Exercise requirements >> Copy every line from the data below in which the string "forecast" can be found.

+++++

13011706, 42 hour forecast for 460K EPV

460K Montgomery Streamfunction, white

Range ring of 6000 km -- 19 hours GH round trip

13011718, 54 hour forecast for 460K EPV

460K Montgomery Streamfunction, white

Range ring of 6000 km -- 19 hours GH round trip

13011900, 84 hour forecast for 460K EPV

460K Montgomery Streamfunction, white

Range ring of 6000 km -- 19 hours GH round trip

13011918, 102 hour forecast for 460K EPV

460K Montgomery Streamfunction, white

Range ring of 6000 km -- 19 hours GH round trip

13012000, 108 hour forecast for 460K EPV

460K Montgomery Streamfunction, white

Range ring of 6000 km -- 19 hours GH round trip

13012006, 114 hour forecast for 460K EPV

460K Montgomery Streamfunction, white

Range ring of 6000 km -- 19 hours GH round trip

+++++

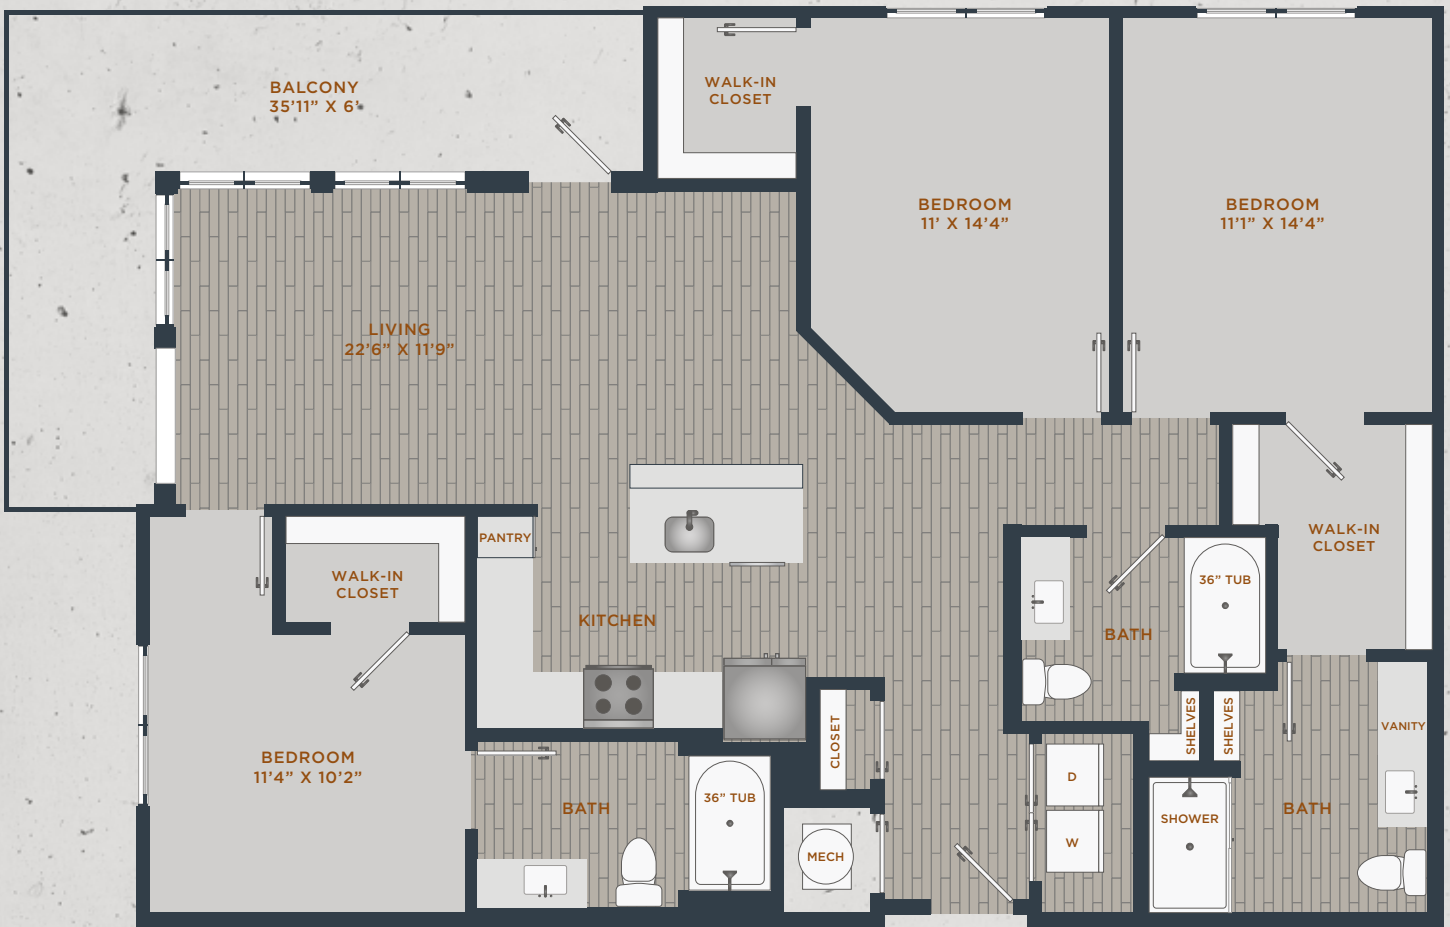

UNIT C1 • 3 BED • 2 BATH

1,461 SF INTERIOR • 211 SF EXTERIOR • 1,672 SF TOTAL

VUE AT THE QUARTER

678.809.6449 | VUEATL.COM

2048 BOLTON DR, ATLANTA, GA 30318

+++++

Your solution >>
13011706, 42 hour forecast for 460K EPV
13011718, 54 hour forecast for 460K EPV
13011900, 84 hour forecast for 460K EPV
13011918, 102 hour forecast for 460K EPV
13012000, 108 hour forecast for 460K EPV
13012006, 114 hour forecast for 460K EPV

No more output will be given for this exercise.